Records from a data collection
+++

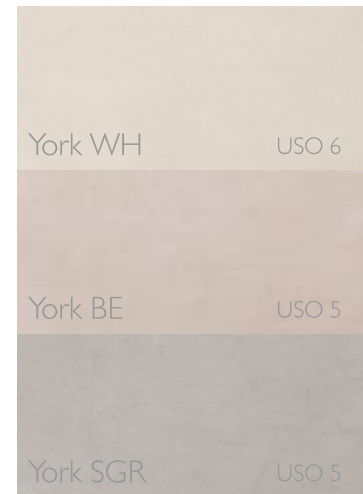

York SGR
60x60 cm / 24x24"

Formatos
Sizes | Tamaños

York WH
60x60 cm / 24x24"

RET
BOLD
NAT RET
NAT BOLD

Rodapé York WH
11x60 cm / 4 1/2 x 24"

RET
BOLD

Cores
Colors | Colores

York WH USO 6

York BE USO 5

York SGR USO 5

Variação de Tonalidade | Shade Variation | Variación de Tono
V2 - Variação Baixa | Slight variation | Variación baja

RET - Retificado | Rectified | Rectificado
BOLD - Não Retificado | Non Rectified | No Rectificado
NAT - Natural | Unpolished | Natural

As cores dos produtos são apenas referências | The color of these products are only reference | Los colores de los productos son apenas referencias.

+++

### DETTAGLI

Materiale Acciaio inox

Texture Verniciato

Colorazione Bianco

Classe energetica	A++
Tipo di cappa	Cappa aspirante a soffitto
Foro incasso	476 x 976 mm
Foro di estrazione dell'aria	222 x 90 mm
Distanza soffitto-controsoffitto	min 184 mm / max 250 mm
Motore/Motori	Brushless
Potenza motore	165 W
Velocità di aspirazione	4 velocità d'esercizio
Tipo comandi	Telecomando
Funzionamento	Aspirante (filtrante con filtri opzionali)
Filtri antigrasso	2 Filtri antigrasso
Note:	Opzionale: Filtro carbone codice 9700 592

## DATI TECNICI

+++

→ WHAT THE TASK REQUIRES:
Extract each line from the entries above that contains the string "York".

→ RESULT FOR THIS EXERCISE:
York SGR
York WH
Rodapé York WH
York WH USO 6
York BE USO 5
York SGR USO 5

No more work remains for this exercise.